Welcome to the modern vacation: gate-checked by remote work.
Thanks to flexible schedules and “work-from-anywhere” policies, we technically can work from anywhere — even while on vacation. And yet that freedom has become a trap. Why bother using PTO when you can save it and fire off emails from a New York hotel room or an Airbnb on a bachelorette weekend?
The result: We’re traveling more than ever, but actually vacationing less than before.

AleksandarNakic via Getty Images
Between lagging Wi-Fi, comped breakfast buffets with unanswered Slack threads, and the ever-present fear of looking unproductive, we’re realizing that something has to change. Welcome to 2026, the year we all start “deadzoning.”
What is ‘deadzoning’?
Despite catching flights, not feelings, we’re all exhausted, because we’re blending business and pleasure a little too seamlessly. We’re permanently switched on: curating the perfect Instagram carousel, tracking breaking news alerts, fielding a relentless stream of group chat messages. “Deadzoning” is the antidote, the art of switching off and traveling in intentional silence.
“Deadzoning reflects a broader cultural shift away from constant connectivity and burnout,” Christina Bennett, a consumer travel trends expert at Priceline, told HuffPost. “After years of being ‘always on,’ travellers are actively seeking vacations that allow them to fully disconnect — mentally and digitally.”

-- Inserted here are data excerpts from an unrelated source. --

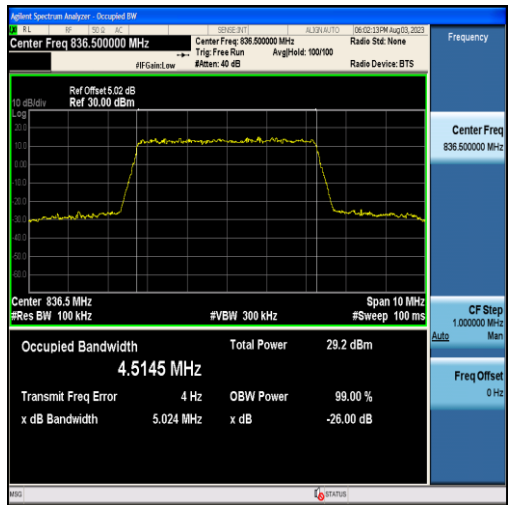

Band5-3MHz-16QAM-20635-15RB#0-2.6944

Band5-5MHz-QPSK-20425-25RB#0-4.5209

Band5-5MHz-16QAM-20425-25RB#0-4.4995

Band5-5MHz-QPSK-20525-25RB#0-4.5145

Band5-5MHz-16QAM-20525-25RB#0-4.5016

Band5-5MHz-QPSK-20625-25RB#0-4.5107
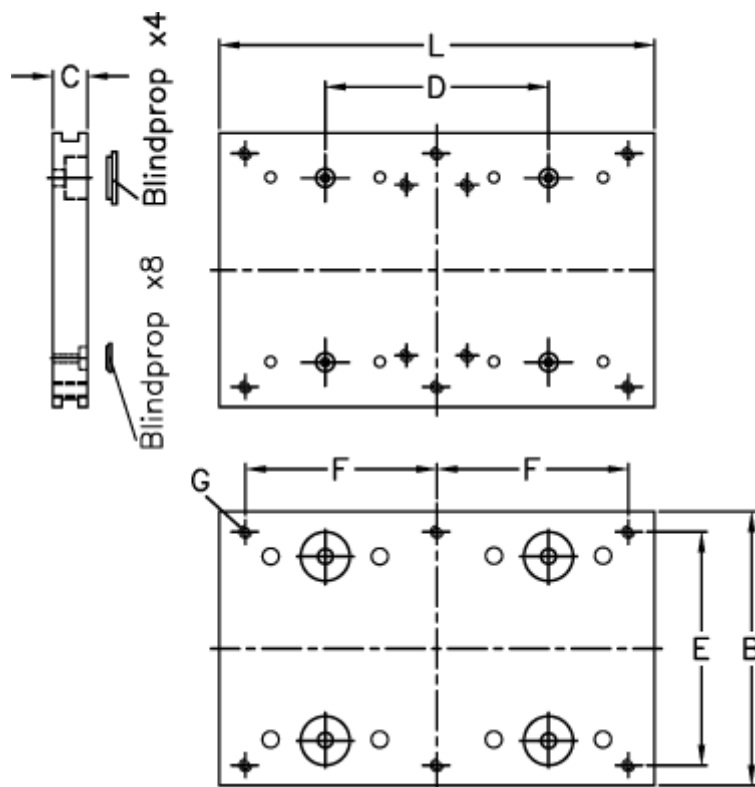

Varenummer: 057113044225
 Beskrivelse: Hepco GV3 bærelade CP 44 34 L225

Mål

B = 116
 C = 14.50
 d = 153
 E = 96
 F = 206
 For leje = 34
 For skinne = M/NM 44
 Gevindhul G = 4 x M8

L = 225
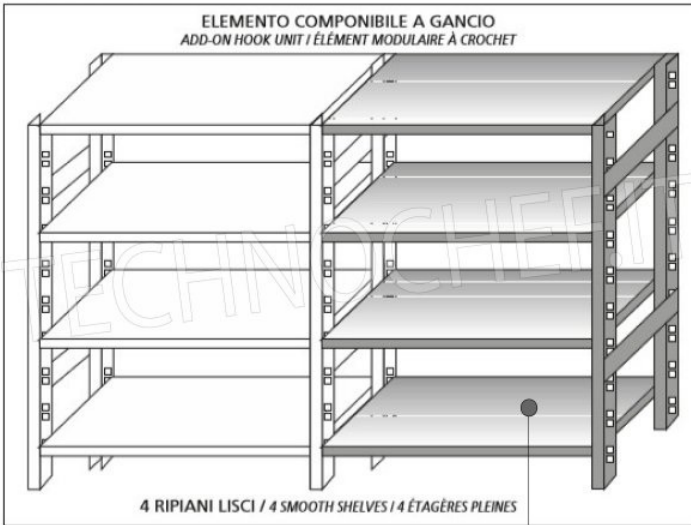

TECHNOCHEF - Fiancata-Spalla per Scaffali a Gancio Inox, Mod.97180+97003+97007

€ 100,44 + IVA

€ 122,54 IVA incl.

Spedizione in Italia: compresa

Consegna: da 4 a 9 giorni

MODULO AGGIUNTIVO

Esempi di montaggio
 Assembly examples • Exemples de l'Assemblée

SCAFFALE A GANCIO
 Stainless steel hook shelving • Étagère inox à crochet

H

1

8

0

MODULO AGGIUNTIVO

Ripiano liscio

Croce stabilizzatrice

“It’s especially resonating with Gen Z and millennials, who are increasingly prioritising mental health and presence over productivity,” she continues. “In fact, more than a third say they wish devices could be banned entirely while on vacation. At its core, deadzoning is about reclaiming time, focus, and real rest by choosing trips to destinations that force you to unplug and reset.”

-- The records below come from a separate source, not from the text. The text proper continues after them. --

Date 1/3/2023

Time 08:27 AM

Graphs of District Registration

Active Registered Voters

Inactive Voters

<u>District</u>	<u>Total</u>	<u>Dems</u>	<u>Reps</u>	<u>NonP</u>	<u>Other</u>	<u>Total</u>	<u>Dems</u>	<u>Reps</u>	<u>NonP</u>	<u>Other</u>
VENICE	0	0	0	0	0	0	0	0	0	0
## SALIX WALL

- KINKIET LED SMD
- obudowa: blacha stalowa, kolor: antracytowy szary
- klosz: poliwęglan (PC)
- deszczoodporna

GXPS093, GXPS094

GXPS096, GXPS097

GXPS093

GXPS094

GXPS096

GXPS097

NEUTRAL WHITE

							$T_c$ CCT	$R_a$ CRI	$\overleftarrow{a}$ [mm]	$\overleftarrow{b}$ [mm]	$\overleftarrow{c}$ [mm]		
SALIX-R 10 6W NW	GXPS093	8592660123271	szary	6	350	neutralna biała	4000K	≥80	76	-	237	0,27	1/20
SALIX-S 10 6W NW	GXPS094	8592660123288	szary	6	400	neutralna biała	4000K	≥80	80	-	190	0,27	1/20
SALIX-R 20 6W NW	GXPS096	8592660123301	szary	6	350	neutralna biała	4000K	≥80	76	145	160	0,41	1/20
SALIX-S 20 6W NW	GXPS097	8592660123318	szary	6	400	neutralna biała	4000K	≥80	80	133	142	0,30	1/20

How can we start ‘deadzoning’?
As always, it’s easier said than done. We all want to put our phones away… and yet somehow end up clocking 14 hours of screen time a day. Are we even awake for that long in a day?
My first real experience of “deadzoning” came post-breakup, as most breakthroughs do. I got dumped over text by someone who had recently told me he loved me (bold), and I felt the familiar urge to download every dating app going just to reaffirm my value. Instead, I booked a tiny cabin, borrowed my sister’s dog and disappeared off-grid.
I didn’t switch my phone off entirely — I was a single woman traveling alone, and my family was already convinced I was spiralling — but I did turn off the internet. The only thing I allowed myself was one daily text to my sister, confirming that her dog and I were very much alive. It was glorious. Within hours, the phantom urge to check my phone evaporated. No refreshing inboxes. No stalking his Instagram followers. Just trees, silence and a dog who couldn’t care less about my attachment issues.
“Travelers can set better work-life boundaries by being intentional before the trip starts,” Bennett said. “That includes setting a clear out-of-office message, delegating responsibilities in advance, and being upfront about limited availability. Destination choice matters, too — places like mountain towns, national park gateways, and quiet coastal escapes make it easier to step away from screens.”
Which trips are best for ‘deadzoning’?
Now, you don’t have to disappear to a tiny cabin with only a dog for company — though I highly recommend it. Entire businesses have been built around the art of switching off. One such brand is Unplugged, which specialises in off-grid cabin stays designed specifically for digital detoxing.
“Unplugged cabins are entirely off-grid and have no phones, Wi-Fi, or technology, and they provide all the offline essentials such as a phone lockbox, books, a physical map and an instant camera,” Unplugged co-founder Hector Hughes told HuffPost. “It’s much easier to be without your phone and laptop when the space is intentionally built for that purpose.”
In other words: If temptation isn’t there, you can’t give in to it.
“Booking a remote location in nature where the signal is naturally low is also a great choice,” Hughes continues. “There is no Wi-Fi or 5G in the mountains, so you are physically unable to check your phone.”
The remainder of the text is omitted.